Set down, exactly as written, every line from the one containing "本土中古1修復歴無し！保証なし！" through the end of the listing.

====

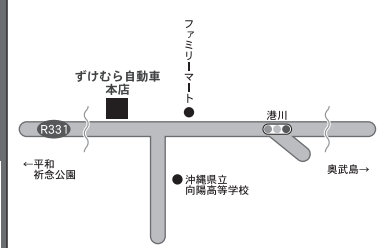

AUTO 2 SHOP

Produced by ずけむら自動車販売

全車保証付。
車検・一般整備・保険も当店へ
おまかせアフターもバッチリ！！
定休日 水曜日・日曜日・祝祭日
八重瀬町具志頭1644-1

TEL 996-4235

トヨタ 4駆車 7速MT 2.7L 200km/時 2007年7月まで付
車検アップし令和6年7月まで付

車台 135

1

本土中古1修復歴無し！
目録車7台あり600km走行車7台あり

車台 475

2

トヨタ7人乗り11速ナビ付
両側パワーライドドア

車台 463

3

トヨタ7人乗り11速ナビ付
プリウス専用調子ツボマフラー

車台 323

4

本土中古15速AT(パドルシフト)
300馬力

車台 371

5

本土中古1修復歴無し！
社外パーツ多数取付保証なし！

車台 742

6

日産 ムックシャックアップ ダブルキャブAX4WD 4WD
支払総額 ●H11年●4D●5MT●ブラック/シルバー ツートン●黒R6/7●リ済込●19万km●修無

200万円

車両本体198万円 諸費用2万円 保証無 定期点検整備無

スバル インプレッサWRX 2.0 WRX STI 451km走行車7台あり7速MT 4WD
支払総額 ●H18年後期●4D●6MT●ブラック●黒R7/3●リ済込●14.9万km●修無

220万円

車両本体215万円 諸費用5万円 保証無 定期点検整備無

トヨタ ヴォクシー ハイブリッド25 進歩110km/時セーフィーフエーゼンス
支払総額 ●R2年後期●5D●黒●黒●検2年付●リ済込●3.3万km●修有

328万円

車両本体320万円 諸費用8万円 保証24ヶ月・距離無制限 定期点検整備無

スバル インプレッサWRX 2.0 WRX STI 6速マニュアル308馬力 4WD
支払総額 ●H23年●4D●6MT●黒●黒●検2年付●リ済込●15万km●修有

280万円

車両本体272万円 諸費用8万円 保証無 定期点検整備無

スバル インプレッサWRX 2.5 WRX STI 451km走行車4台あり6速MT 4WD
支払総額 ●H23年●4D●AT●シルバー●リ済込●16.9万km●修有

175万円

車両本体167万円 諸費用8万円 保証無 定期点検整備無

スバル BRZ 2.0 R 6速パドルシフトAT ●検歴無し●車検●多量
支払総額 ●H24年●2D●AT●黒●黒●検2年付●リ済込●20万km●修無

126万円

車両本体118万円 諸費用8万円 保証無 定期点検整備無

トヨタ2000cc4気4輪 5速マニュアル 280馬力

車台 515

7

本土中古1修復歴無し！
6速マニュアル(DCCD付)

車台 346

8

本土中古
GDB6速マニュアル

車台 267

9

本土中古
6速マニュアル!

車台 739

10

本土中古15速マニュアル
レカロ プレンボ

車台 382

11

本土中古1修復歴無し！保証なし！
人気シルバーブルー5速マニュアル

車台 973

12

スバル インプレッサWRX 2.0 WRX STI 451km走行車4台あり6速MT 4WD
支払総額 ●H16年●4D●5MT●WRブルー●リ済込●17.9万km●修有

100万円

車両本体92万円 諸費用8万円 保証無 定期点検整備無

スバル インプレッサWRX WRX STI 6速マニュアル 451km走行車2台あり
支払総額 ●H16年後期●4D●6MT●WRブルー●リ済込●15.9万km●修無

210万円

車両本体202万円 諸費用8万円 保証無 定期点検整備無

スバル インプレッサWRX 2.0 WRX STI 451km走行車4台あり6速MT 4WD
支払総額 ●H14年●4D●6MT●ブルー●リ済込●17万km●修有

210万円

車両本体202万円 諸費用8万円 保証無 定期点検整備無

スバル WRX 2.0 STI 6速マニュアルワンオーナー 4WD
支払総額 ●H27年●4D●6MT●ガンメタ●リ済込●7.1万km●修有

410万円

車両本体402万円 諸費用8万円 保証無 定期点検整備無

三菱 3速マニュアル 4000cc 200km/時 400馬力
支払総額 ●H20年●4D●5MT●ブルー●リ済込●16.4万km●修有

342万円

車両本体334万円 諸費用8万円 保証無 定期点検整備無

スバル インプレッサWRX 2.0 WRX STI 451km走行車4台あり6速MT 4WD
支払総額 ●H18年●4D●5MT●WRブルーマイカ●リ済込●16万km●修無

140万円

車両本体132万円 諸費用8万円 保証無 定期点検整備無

====

Solution for this exercise =>
本土中古1修復歴無し！保証なし！
人気シルバーブルー5速マニュアル

車台 973

12

スバル インプレッサWRX 2.0 WRX STI 451km走行車4台あり6速MT 4WD
支払総額 ●H16年●4D●5MT●WRブルー●リ済込●17.9万km●修有

100万円

車両本体92万円 諸費用8万円 保証無 定期点検整備無

スバル インプレッサWRX WRX STI 6速マニュアル 451km走行車2台あり
支払総額 ●H16年後期●4D●6MT●WRブルー●リ済込●15.9万km●修無

210万円

車両本体202万円 諸費用8万円 保証無 定期点検整備無

スバル インプレッサWRX 2.0 WRX STI 451km走行車4台あり6速MT 4WD
支払総額 ●H14年●4D●6MT●ブルー●リ済込●17万km●修有

210万円

車両本体202万円 諸費用8万円 保証無 定期点検整備無

スバル WRX 2.0 STI 6速マニュアルワンオーナー 4WD
支払総額 ●H27年●4D●6MT●ガンメタ●リ済込●7.1万km●修有

410万円

車両本体402万円 諸費用8万円 保証無 定期点検整備無

三菱 3速マニュアル 4000cc 200km/時 400馬力
支払総額 ●H20年●4D●5MT●ブルー●リ済込●16.4万km●修有

342万円

車両本体334万円 諸費用8万円 保証無 定期点検整備無

スバル インプレッサWRX 2.0 WRX STI 451km走行車4台あり6速MT 4WD
支払総額 ●H18年●4D●5MT●WRブルーマイカ●リ済込●16万km●修無

140万円

車両本体132万円 諸費用8万円 保証無 定期点検整備無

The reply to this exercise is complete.